Changemakers at sea | Inaki Aizpurua


Last week seven students, participants of the Changemakers At Sea Project, joined the Save The Med crew for a 10 day long research expedition onboard a unique, old Norwegian fishing boat which has been restored and turned into a beautiful marine research vessel. The conditions were ideal for wildlife sighting, but also for finding all kinds of floating plastic pollution; the exact topic that brought the students to the boat in first place.

The student team, called “Kokua”, had participated in the Dos Manos School programme after which they signed up for the Changemakers at Sea project organised by Save The Med. They spent months working on the development of projects to raise awareness about plastic pollution and reduce the use of single use plastics. Despite the difficulty of communicating and implementing their project ideas during the lockdown, this energetic team managed to overcome most challenges by identifying the individual strengths and talents of each team member.
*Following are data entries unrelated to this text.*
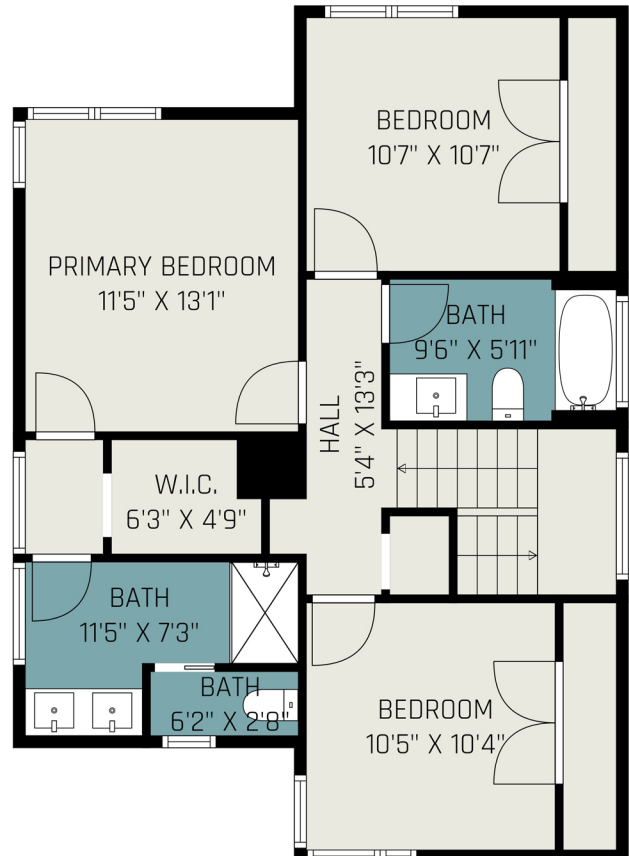

819 S ALSTON

Gross Living Area - 1742 Sq Ft

Non- Living Area - 50 Sq Ft

FIRST FLOOR

SECOND FLOOR

Area Calculation Summary

Gross Living Area	Calculation Details
First Floor	889 Sq Ft
Second Floor	853 Sq Ft
Total Living Area	1742 Sq Ft
Non-Living Area	
Open Porch	50 Sq Ft
Total Non- Living Area	50 Sq Ft
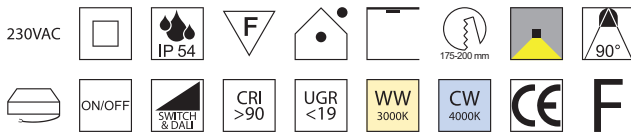

Hall Led Essential, LED 9W

Polycarbonat, starr, Diffusor mikroprismatisch
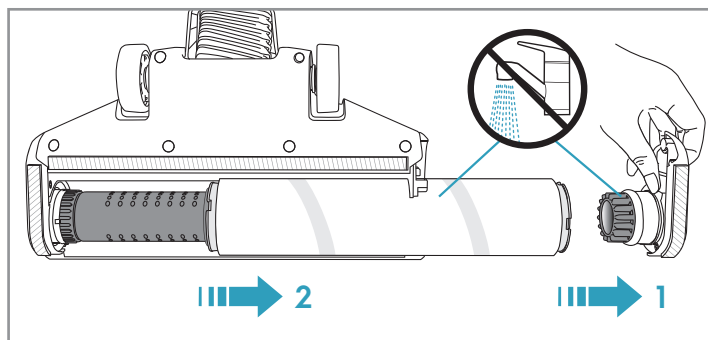

4h

100%

- FULLY CHARGED
- 75-100%
- 50-75%
- 25-50%
- RECHARGING NEEDED

Min Mode ~ 45 min

Max Mode ~ 16 min

PUSH

Max → → Min

Car Kit
KIT 360+
PNC: 900 168 340
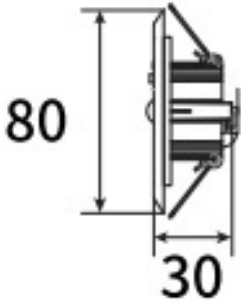

Features

- LiFeSafe PRO White Downlight R 80mm bezel ACC. White polycarbonate 80mm recessing bezel. Cut out 66-70mm

Product Overview

Product name	LIFESAFE PRO DOWNLIGHT R 80MM BEZEL ACC
Technology	Accessory
Housing	PC Polycarbonate
General application	Education, Hospitality, Logistics & Industry, Museums & Galleries, Office
ETIM Class	EC002557
Housing colour	White
Product EAN number	5410288388014
Warranty	6 years

LIFESAFE PRO DOWNLIGHT R 80MM BEZEL ACC 0038801

Technical drawings

Data table

GENERAL DATA

Product name	LIFESAFE PRO DOWNLIGHT R 80MM BEZEL ACC
Technology	Accessory
Accessory type	Mounting
Type of accessory	Fixing clamp / bracket
Housing	PC Polycarbonate
General application	Education, Hospitality, Logistics & Industry, Museums & Galleries, Office
ETIM Class	EC002557
Warranty	6 years

ELECTRICAL DATA

Control gear required	No
-----------------------	----

PHYSICAL DATA

Housing colour	White
----------------	-------

LIFESAFE PRO DOWNLIGHT R 80MM BEZEL ACC 0038801

Nominal Product Height (mm)	5
Nominal Product Diameter (mm)	80
Weight (kg)	0.36

PACKAGING

Product EAN number	5410288388014
Packaging single length / height (cm)	46.0
Packaging single width (cm)	31.0
Packaging single depth (cm)	30.0
DUN14 (inner)	05410288388014
Units per outer package	1
Packaging outer length / height (cm)	46.0
Packaging outer width (cm)	31.0
Packaging outer depth (cm)	30.0

They programmed an educational game to teach small children about the importance of the 4 R’s (Refuse, Reduce, Reuse and Recycle), developed an idea for how to replace single use lunch packaging in schools for reusable tupperware made of durable materials, created creative artwork to raise awareness about the impact on plastic pollution on wildlife and more.

Their efforts were rewarded with an expedition at sea during which the students, already on the first day off shore, were lucky enough to spot a sperm whale - the largest toothed whale on the planet!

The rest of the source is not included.